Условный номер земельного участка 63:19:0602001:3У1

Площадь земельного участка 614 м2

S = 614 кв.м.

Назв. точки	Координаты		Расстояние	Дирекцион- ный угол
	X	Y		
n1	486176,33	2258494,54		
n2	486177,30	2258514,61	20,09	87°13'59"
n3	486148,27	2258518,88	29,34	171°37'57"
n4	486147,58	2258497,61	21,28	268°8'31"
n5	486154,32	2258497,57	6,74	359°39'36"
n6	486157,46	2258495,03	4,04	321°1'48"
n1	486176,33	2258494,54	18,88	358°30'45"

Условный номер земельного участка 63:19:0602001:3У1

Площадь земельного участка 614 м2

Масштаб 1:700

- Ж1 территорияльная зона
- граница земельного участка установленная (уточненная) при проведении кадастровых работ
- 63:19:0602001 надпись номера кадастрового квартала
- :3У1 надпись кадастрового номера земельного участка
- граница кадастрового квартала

--

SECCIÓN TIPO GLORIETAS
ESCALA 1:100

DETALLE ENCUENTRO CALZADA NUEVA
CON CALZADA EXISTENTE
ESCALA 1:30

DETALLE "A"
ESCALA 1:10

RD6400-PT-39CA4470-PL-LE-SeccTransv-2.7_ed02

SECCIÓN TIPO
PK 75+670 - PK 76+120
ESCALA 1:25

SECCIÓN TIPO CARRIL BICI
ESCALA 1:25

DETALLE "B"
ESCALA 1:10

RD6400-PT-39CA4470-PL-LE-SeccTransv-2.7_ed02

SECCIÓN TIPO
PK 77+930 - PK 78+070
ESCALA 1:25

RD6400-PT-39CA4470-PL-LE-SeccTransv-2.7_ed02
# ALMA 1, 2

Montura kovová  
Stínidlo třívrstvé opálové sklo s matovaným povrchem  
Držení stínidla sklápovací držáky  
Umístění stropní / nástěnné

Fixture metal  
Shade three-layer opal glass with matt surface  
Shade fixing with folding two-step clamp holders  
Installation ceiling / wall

--

_TASK DIRECTIONS:_
How many of the listing's lines contain "Shade"? Respond with a single number and nothing else.

_OUTPUT:_
2